━━━━━ Record set ━━━━━

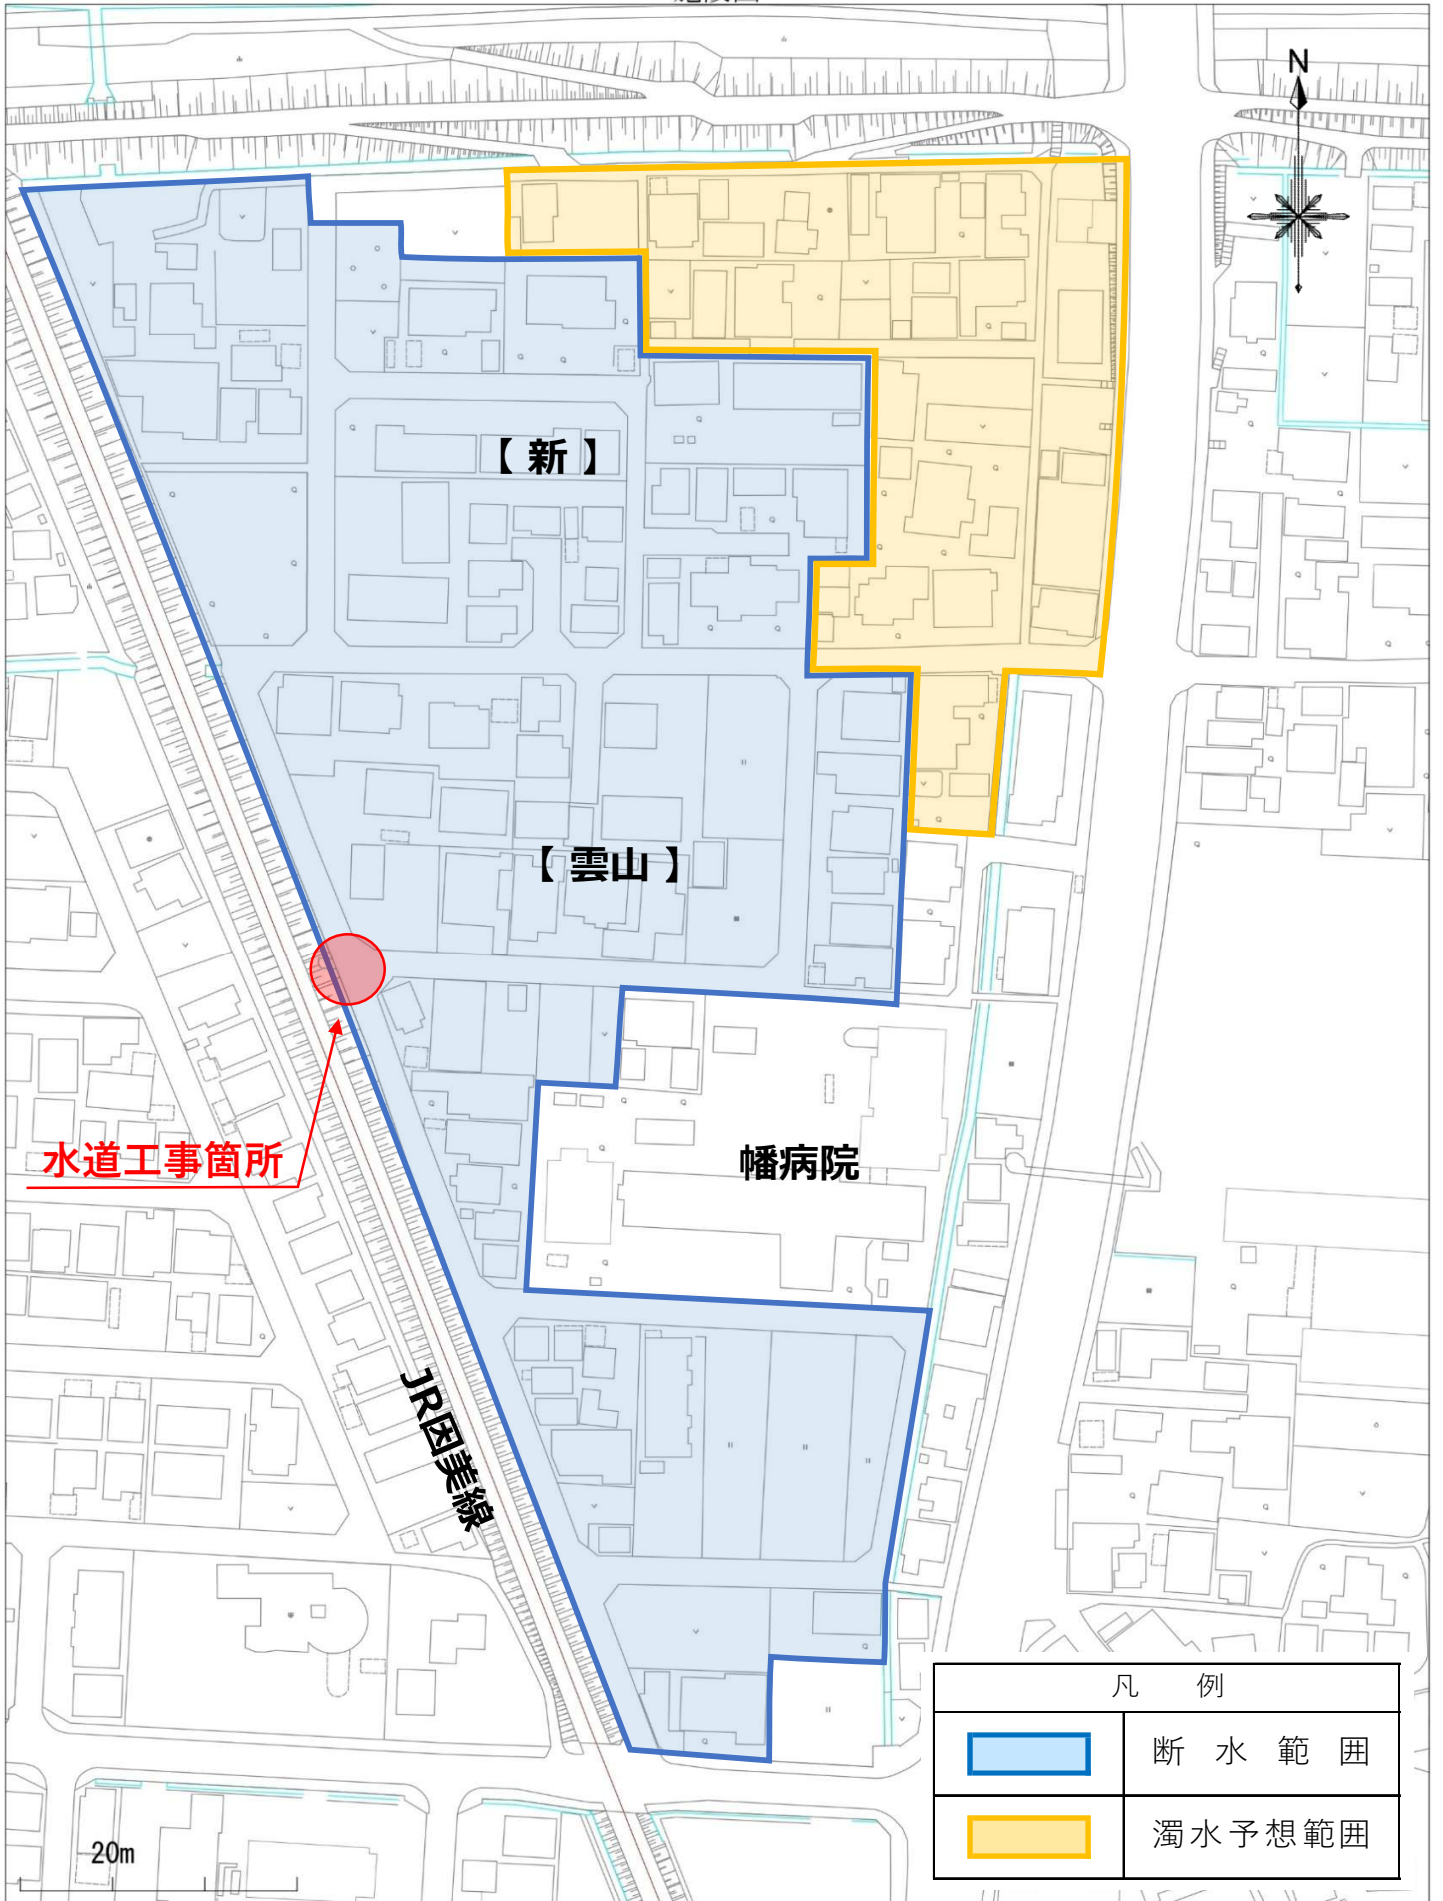

施設図

1:1500

出典:R3鳥取市都市計画図
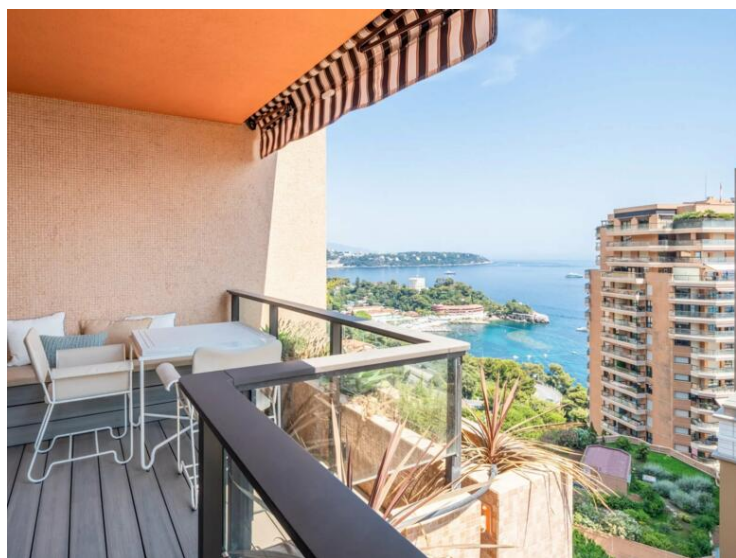

Verkauf

3 400 000 €

Produkttyp Wohnung	Zimmer Einzimmer	Gebäude Parc Saint Roman	District La Rousse - Saint Roman
Wohnfläche 42 m²	Terrasse Fläche 17 m²	Totale Fläche 59 m²	Parkplatz 1
Keller 1	Zustand Neubau	Meublé Ja	Hinweis HP-PSR-039
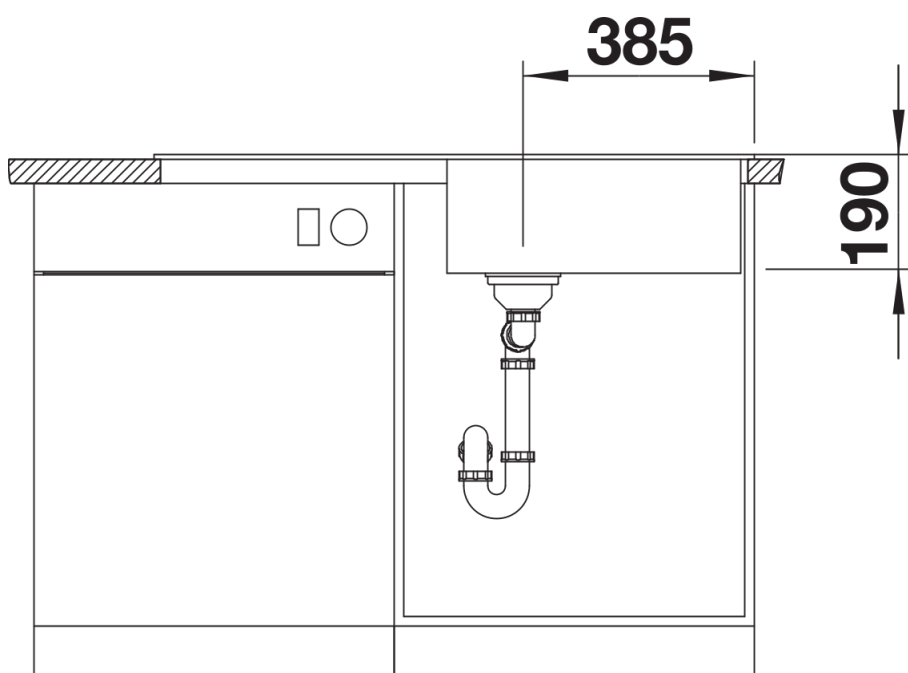

## Szállítmány tartalma

---

- lefolyógarnitúra helytakarékos csővel
- 3½" -es szűrőkosárral

## Részletek

---

Felülnézet

Kivágás

Előlnézet

Oldalnézet
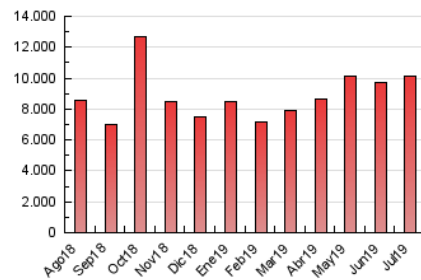

### 3. Por día del mes (Nacional e Internacional)

Día	N. únicos	Visitas	Páginas	Día	N. únicos	Visitas	Páginas	Día	N. únicos	Visitas	Páginas
1	121.669	154.186	323.365	11	124.234	156.451	306.760	21	129.876	165.739	314.730
2	114.392	146.847	347.675	12	109.615	139.193	301.681	22	141.402	177.716	333.838
3	129.985	166.869	353.066	13	96.690	122.924	247.394	23	137.772	170.341	328.603
4	146.841	185.473	360.250	14	127.394	158.742	298.355	24	192.073	226.285	430.033
5	109.272	136.411	283.622	15	129.822	160.143	303.811	25	120.022	150.076	291.405
6	110.964	136.505	255.022	16	208.297	249.456	449.526	26	134.779	164.862	368.898
7	129.149	162.595	314.596	17	146.041	176.122	337.820	27	115.404	142.621	285.258
8	128.487	161.785	310.315	18	141.123	169.859	308.043	28	133.652	164.794	304.445
9	138.732	172.676	327.541	19	139.163	171.550	330.706	29	146.304	181.052	353.147
10	130.442	164.045	334.202	20	123.251	153.629	281.868	30	208.382	247.309	424.855
								31	149.104	179.955	330.463

4. Gráficas (Nacional e Internacional)

4.1 Por día de la semana (promedio)

N. únicos / Visitas (x 100)

Páginas (x 100)

4.2 Por franja horaria (promedio)

Visitas (x 1000)

Páginas (x 1000)

4.3 Por meses

N. únicos / Visitas (x 1000)

Páginas (x 1000)
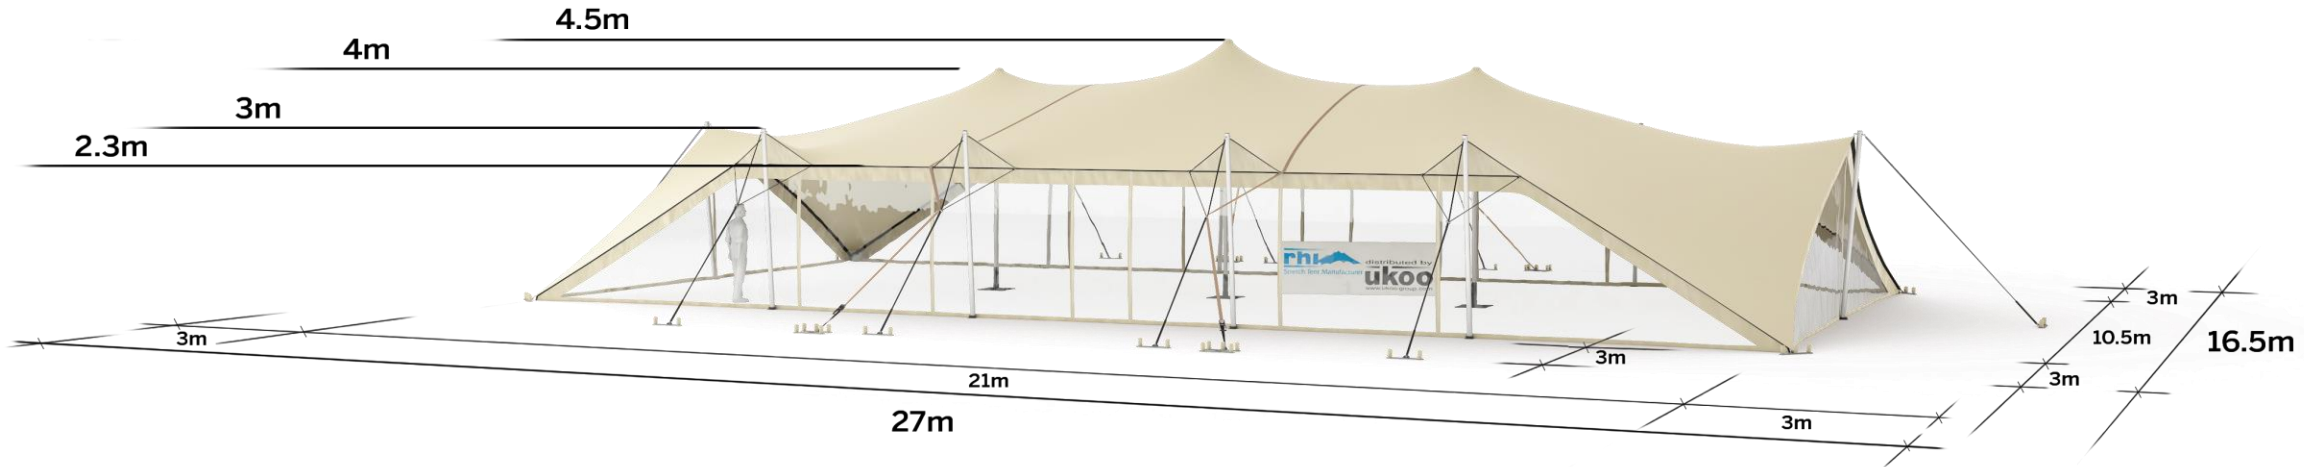

FICHE TECHNIQUE – Gamme Pro

Tente Stretch RHI-M220-C2P1 : 4 angles au sol avec portes & panneaux

Dimensions de la toile : 10,5 m x 21 m (220 m²)

Couleur de la toile : Sable - Existe en blanc perlé, blanc opaque, taupe, noir, rouge

Surface utile : 188 m²

VERSIONS D'OSSATURE

- 1 Toile Stretch RHI de 10,5 m x 21 m
- 10 Poteaux de tour
- 3 Mâts centraux
- 18 Points d'ancrage

BOIS D'EUCALYPTUS – EUV1

- Poteaux de tour en bois d'eucalyptus
- Mâts centraux en aluminium anodisé Ø 76 mm / 3 mm avec habillage lycra noir

ALUMINIUM ANODISÉ – AL-D3

- Poteaux de tour & mâts centraux en aluminium anodisé Ø 76 mm / 3 mm

DIMENSIONS & EMPRISE AU SOL

SURFACE UTILE

EXEMPLES D'AMÉNAGEMENT & CAPACITÉS D'ACCUEIL

Format tables rondes

Diamètre : 150 cm / 10 pax
Capacité d'accueil : 140 pax

Format tables rectangulaires

Dimensions : 103 cm x 213 cm / 10 pax
Capacité d'accueil : 200 pax

Format conférence ou cérémonie

Capacité d'accueil : 256 pax

Format cocktail debout

Capacité d'accueil : 376 pax
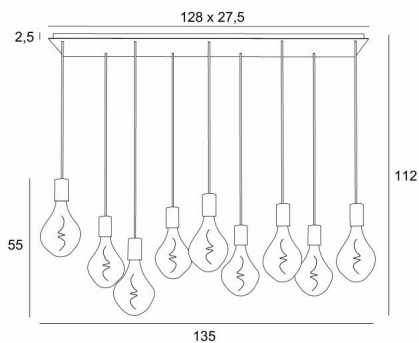

ARTEMIS 9 # en laiton satiné avec neuf ampoules gold

ARTEMIS 9 # est une superbe et élégante composition de neuf ampoules fixées à une base-plafond rectangulaire

Magnifique ampoule couverte de facettes, **ARTEMIS** est emplie de jolis effets lumineux et elle est très décorative. Dans cette remarquable déclinaison elles seront autant de touches lumineuses qui illumineront votre intérieur

DIMENSIONS HORS-TOUT

H112cm L135 x 37cm

BASE

Plaque : 128 x 27,5cm Cadre : 125 x 24,5 x 2,5cm

DONNÉES TECHNIQUES

Neuf douilles E27 avec cache-douille XXL

Le bas de cette suspension arrive à 163cm du sol pour un plafond de 275cm. Sur demande, nous adaptons les câbles pour une autre hauteur de plafond mais d'autres combinaisons sont réalisables, voir [BON DE COMMANDE](#)

Ampoule LED Silver - dimmable - Ø165mm - code 6843 000 (option)

Ampoule LED Gold - dimmable - Ø165mm - code 6849 000 (option)

Suspension dimmable avec un variateur externe

Un cadre à fixer au plafond avant le placement de la plaque (voir [NOTICE DE MONTAGE](#))

FINITIONS DES MÉTAUX DISPONIBLES ET CODES

02 - Noir structuré - 4958 002

25 - Laiton satiné - 4958 025

29 - Bronze griffé - 4958 029
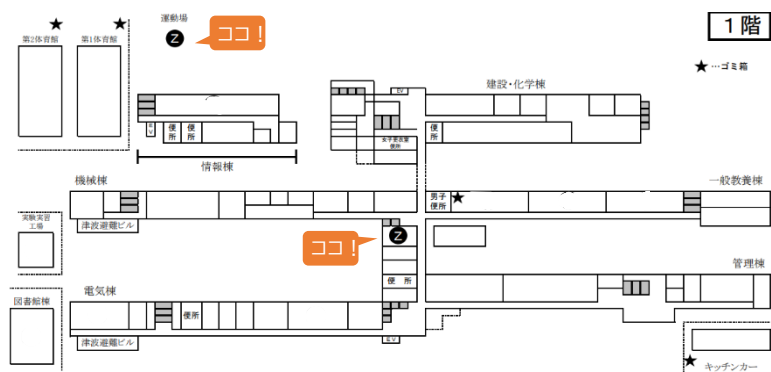

作ったものは持って帰れるよ!

場所
一般教養棟1F
(化学実験室)
運動場

━━━━━

- _Exercise prompt_
Return exactly the lines that appear in the data above between the line containing "Páginas (x 100)" and the line containing "Ampoule LED Silver", both of which are included, and leave the pictures out.

- _Response area_
Páginas (x 100)

4.2 Por franja horaria (promedio)

Visitas (x 1000)

Páginas (x 1000)

4.3 Por meses

N. únicos / Visitas (x 1000)

Páginas (x 1000)

FICHE TECHNIQUE – Gamme Pro

Tente Stretch RHI-M220-C2P1 : 4 angles au sol avec portes & panneaux

Dimensions de la toile : 10,5 m x 21 m (220 m²)

Couleur de la toile : Sable - Existe en blanc perlé, blanc opaque, taupe, noir, rouge

Surface utile : 188 m²

VERSIONS D'OSSATURE

- 1 Toile Stretch RHI de 10,5 m x 21 m
- 10 Poteaux de tour
- 3 Mâts centraux
- 18 Points d'ancrage

BOIS D'EUCALYPTUS – EUV1

- Poteaux de tour en bois d'eucalyptus
- Mâts centraux en aluminium anodisé Ø 76 mm / 3 mm avec habillage lycra noir

ALUMINIUM ANODISÉ – AL-D3

- Poteaux de tour & mâts centraux en aluminium anodisé Ø 76 mm / 3 mm

DIMENSIONS & EMPRISE AU SOL

SURFACE UTILE

EXEMPLES D'AMÉNAGEMENT & CAPACITÉS D'ACCUEIL

Format tables rondes

Diamètre : 150 cm / 10 pax
Capacité d'accueil : 140 pax

Format tables rectangulaires

Dimensions : 103 cm x 213 cm / 10 pax
Capacité d'accueil : 200 pax

Format conférence ou cérémonie

Capacité d'accueil : 256 pax

Format cocktail debout

Capacité d'accueil : 376 pax

ARTEMIS 9 # en laiton satiné avec neuf ampoules gold

ARTEMIS 9 # est une superbe et élégante composition de neuf ampoules fixées à une base-plafond rectangulaire

Magnifique ampoule couverte de facettes, **ARTEMIS** est emplie de jolis effets lumineux et elle est très décorative. Dans cette remarquable déclinaison elles seront autant de touches lumineuses qui illumineront votre intérieur

DIMENSIONS HORS-TOUT

H112cm L135 x 37cm

BASE

Plaque : 128 x 27,5cm Cadre : 125 x 24,5 x 2,5cm

DONNÉES TECHNIQUES

Neuf douilles E27 avec cache-douille XXL

Le bas de cette suspension arrive à 163cm du sol pour un plafond de 275cm. Sur demande, nous adaptons les câbles pour une autre hauteur de plafond mais d'autres combinaisons sont réalisables, voir [BON DE COMMANDE](#)

Ampoule LED Silver - dimmable - Ø165mm - code 6843 000 (option)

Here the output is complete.